Trouble With Integration: ∫ e^4x (e^4x - 9)^10 dx

[tlake]

∫ e^4x (e^4x - 9)¹⁰ dx

This has gotten me pretty stumped for a while on how to proceed. I've tried integrating by parts (tabularly), putting (e^4x - 9)¹⁰ in the differentiation column and e^4x in the integration column. That gave me a very long solution of:

1/4 e^4x (e^4x - 9)¹⁰ - 10/16 e^4x (e^4x - 9)⁹ + 90/64 e^4x (e^4x - 9)⁸ - 720/256 e^4x (e^4x - 9)⁷ + 5040/1024 e^4x (e^4x - 9)⁶ - 30240/4096 e^4x (e^4x - 9)⁵ + 151200/16384 e^4x (e^4x - 9)⁴ - 604800/65536 e^4x (e^4x - 9)³ + 1814400/262144 e^4x (e^4x - 9)² - 3628800/1048576 e^4x (e^4x - 9) + 3628800/4194304 e^4x

When I checked it against Mathematica's solution, it was wrong.

I then tried a couple different substitutions:

u = e^4x, du = 1/4 e^4x dx, => 4du = e^4x dx
: ∫ e^4x (e^4x - 9)¹⁰ dx then = 4 ∫(u - 9)¹⁰ du, at which point I made another substitution of w = u - 9, so u = w + 9 and du = 10 dw
: 4 ∫(u - 9)¹⁰ du = 40∫w¹⁰ dw = 40/11 w¹¹ + C = 40/11 (e^4x - 9)¹¹ + C, again incorrect vs Mathematica.
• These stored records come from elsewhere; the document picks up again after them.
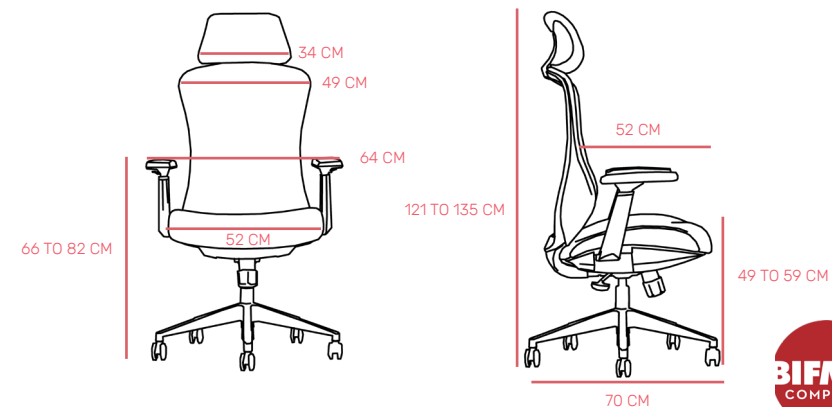

### FEATURES:

- Dimensions (cm): 125H X 55W X 65D
- Height Adjustable Cervical Headrest
- Height adjustable backrest with lumbar support Height adjustable armrest,
- Thermoplastic Polyurethane soft seat pad with molded foam to enhance the ergonomics of the chair Level 4 locking mechanism
- Seat height adjustable by grade 4 gas lift (Lifting stroke 100MM Black Nylon base ,static pressure bearing 1136 kg.
- BIFMA Certified 360° running nylon castors
- Polyester ProMesh stretched over both backrest and seat pad to maximize ventilation

### DIMENSIONS

# OUTSTANDING FEATURES

---

Seat height adjustment

Armrest height adjustment

Neck-rest height adjustment

Backrest reclining

Tilting tension adjustment

Lumbar support height adjustment

## LUMBAR SUPPORT HEIGHT ADJUSTABLE

The lumbar support can be adjusted for height, max comfort seating height and maximum height

Backrest tilting degree

Or what about u = e^4x - 9, du = 4e^4x - 9 dx => 9/4 du = e^4x dx
: ∫ e^4x (e^4x - 9)¹⁰ dx = 9/4 ∫ u¹⁰ du = 9/44 u¹¹ + C = 9/44 (e^4x - 9)¹¹ + C, which, surprise, was also incorrect.

I don't know what else to do, but it's probably that I'm overlooking something simple. Perhaps I've just been doing too much calculus today, and need a break. Anyway, any help you could give me would be terribly appreciated!

 

[daon2]

Or what about u = e^4x - 9, du = 4e^4x - 9 dx => 9/4 du = e^4x dx
: ∫ e^4x (e^4x - 9)¹⁰ dx = 9/4 ∫ u¹⁰ du = 9/44 u¹¹ + C = 9/44 (e^4x - 9)¹¹ + C, which, surprise, was also incorrect.

That is the method I would choose. I didn't read through all of your attempts, but here... the bold text above is not true (Not to mention somehow you turned subtraction into division or something?).

If u = e^(4x)-9, then du = 4*e^(4x)dx. So your integral becomes

$\displaystyle \frac{1}{4}\int u^{10} du$

 

[tlake]

daon2, thanks for your help. After some sleep, I came back to the problem and found it was embarrassingly easy.

∫ e^4x (e^4x - 9)¹⁰ dx

If we substitute: u = e^4x , du = 4e^4x dx , 1/4du = e^4x dx

Thus, ∫ e^4x (e^4x - 9)¹⁰ dx = 1/4 ∫ (u - 9)¹⁰ du

Substitute again: w = u - 9 , dw = du

Thus, 1/4 ∫ (u - 9)¹⁰ du = 1/4 ∫ w¹⁰ dw

1/4 ∫ w¹⁰ dw = 1/4 (1/11 w¹¹) + C = 1/44 (e^4x - 9)¹¹ + C

Thanks again!

 

[srmichael]

daon2, thanks for your help. After some sleep, I came back to the problem and found it was embarrassingly easy.

∫ e^4x (e^4x - 9)¹⁰ dx

If we substitute: u = e^4x , du = 4e^4x dx , 1/4du = e^4x dx

Thus, ∫ e^4x (e^4x - 9)¹⁰ dx = 1/4 ∫ (u - 9)¹⁰ du

Substitute again: w = u - 9 , dw = du

Thus, 1/4 ∫ (u - 9)¹⁰ du = 1/4 ∫ w¹⁰ dw

1/4 ∫ w¹⁰ dw = 1/4 (1/11 w¹¹) + C = 1/44 (e^4x - 9)¹¹ + C

Thanks again!

You can eliminate the need for the "w" substitution by doing what daon2 said and letting u = e^4x - 9. When you take the derivative of u, the 9 becomes 0

 

[tlake]

You can eliminate the need for the "w" substitution by doing what daon2 said and letting u = e^4x - 9.

Yeah, that's a smart call, and would've saved me a step or two if I had read it a little earlier. Thanks!